> **EXERCISE MATERIALS**:
§

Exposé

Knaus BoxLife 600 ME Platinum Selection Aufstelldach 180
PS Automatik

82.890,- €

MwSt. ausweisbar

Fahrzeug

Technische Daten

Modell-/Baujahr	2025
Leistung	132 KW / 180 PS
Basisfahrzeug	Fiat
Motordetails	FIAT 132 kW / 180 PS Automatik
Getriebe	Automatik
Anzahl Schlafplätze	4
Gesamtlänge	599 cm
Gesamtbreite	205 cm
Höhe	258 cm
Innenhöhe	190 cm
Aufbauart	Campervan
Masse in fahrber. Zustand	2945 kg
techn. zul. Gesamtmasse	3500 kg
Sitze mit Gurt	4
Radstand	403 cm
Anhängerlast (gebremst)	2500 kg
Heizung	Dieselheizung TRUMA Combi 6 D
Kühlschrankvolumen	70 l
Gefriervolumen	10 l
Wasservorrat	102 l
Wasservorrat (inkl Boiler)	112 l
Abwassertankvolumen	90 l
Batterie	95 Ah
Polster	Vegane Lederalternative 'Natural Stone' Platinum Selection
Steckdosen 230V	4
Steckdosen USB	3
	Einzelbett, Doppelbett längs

§

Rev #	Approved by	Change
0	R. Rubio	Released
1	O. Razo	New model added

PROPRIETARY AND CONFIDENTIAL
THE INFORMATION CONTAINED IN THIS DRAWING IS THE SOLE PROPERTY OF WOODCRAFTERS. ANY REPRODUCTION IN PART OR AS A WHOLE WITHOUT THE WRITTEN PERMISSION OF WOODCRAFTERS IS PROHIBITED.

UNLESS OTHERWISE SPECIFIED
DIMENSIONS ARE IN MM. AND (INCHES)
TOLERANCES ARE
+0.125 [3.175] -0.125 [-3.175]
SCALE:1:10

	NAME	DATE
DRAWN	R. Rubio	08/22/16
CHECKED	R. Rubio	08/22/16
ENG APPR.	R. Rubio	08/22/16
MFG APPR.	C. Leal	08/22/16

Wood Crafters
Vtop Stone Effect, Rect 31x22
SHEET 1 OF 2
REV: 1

§

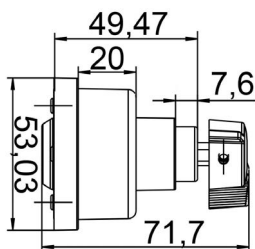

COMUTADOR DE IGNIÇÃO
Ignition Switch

§

> **EXERCISE**:
In the listing above, the lines from the one containing "Stone' Platinum Selection" through the one containing "Einzelbett, Doppelbett längs" must be set down exactly, with no other lines.

> **RESPONSE TO THE TASK**:
Polster	Vegane Lederalternative 'Natural Stone' Platinum Selection
Steckdosen 230V	4
Steckdosen USB	3
	Einzelbett, Doppelbett längs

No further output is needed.